- Dataset records -
^^^^^^^^
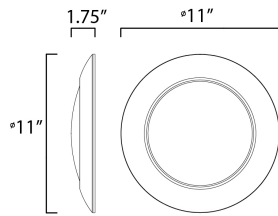

PRODUCT DESCRIPTION

This very compact LED flush mount easily installs on any 3.25" octagan box and gives the look of a recessed trim. Constructed of Die Cast Aluminum, the Diverse luminaire is dimmable and also approved for wet locations so it can be used in virtually any ceiling application, including showers.

MEASUREMENTS

DIMENSION : 11" L x 11" W x 1.75" H
 HANGING WEIGHT : 1.24 lb

LAMPING

INPUT VOLTAGE : 120V
 LUMENS : 1,800 Rated (1,400 Del.)
 BULB : 1 x 20W LED PCB Integrated , 20W Total
 BULB INCLUDED : (Integrated)
 DIMMABLE : Triac or ELV
 CRI : 90 CRI
 COLOR_TEMP : 2700K
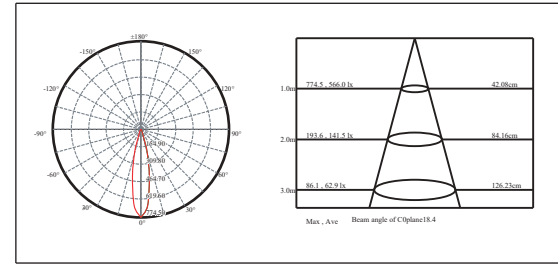

Optical Specification 配光曲线

Optical Accessories 可选配件

Mounting sleeve 预埋件

Unit: mm

IP68 junction box 防水接线盒
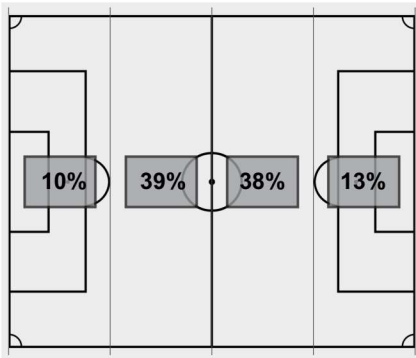

Saves by period	1	2	Total
Panthers	1	1	2
Tigers	1	2	3

Corner kicks	1	2	Total
Panthers	0	4	4
Tigers	1	1	2

Fouls	1	2	Total
Panthers	1	4	5
Tigers	6	7	13

Scoring summary:

No.	Time	Team	Goal scorer	Assist	Description
1.	17:23	CLE	Hal Hershfelt (4)	Makenna Morris	
2.	78:56	CLE	Megan Bornkamp (7)	Penalty kick	

Cautions and ejections:

YC - Tigers #15 54:58

Stadium: Historic Riggs Field

Officials: Referee: Nicole Green; Asst. Referee: Emily Gomez; Joseph Vera; Alt. Official: Ralph Polson;

Offsides: Pittsburgh 2, Clemson 1.

Soccer Box Score (Final)
2021-22 Women's Soccer
Pittsburgh vs Clemson (9/16/2021 at Clemson, UNITED STATES)

Attacking Direction →

6	TOTAL SHOTS	12
3	SHOTS ON TARGET	4
2	SAVES	3
4	CORNERS	2
2	OFFSIDES	1
0	YELLOW CARDS	1
0	RED CARDS	0
47%	POSSESSION TOTAL	53%
^^^^^^^^
Although pictures appear among the entries, please set down only the lines from the one with "IP68 junction box 防水接线盒" up to and including the one with "Soccer Box Score (Final)", word for word.

- Problem solution -
IP68 junction box 防水接线盒

Saves by period	1	2	Total
Panthers	1	1	2
Tigers	1	2	3

Corner kicks	1	2	Total
Panthers	0	4	4
Tigers	1	1	2

Fouls	1	2	Total
Panthers	1	4	5
Tigers	6	7	13

Scoring summary:

No.	Time	Team	Goal scorer	Assist	Description
1.	17:23	CLE	Hal Hershfelt (4)	Makenna Morris	
2.	78:56	CLE	Megan Bornkamp (7)	Penalty kick	

Cautions and ejections:

YC - Tigers #15 54:58

Stadium: Historic Riggs Field

Officials: Referee: Nicole Green; Asst. Referee: Emily Gomez; Joseph Vera; Alt. Official: Ralph Polson;

Offsides: Pittsburgh 2, Clemson 1.

Soccer Box Score (Final)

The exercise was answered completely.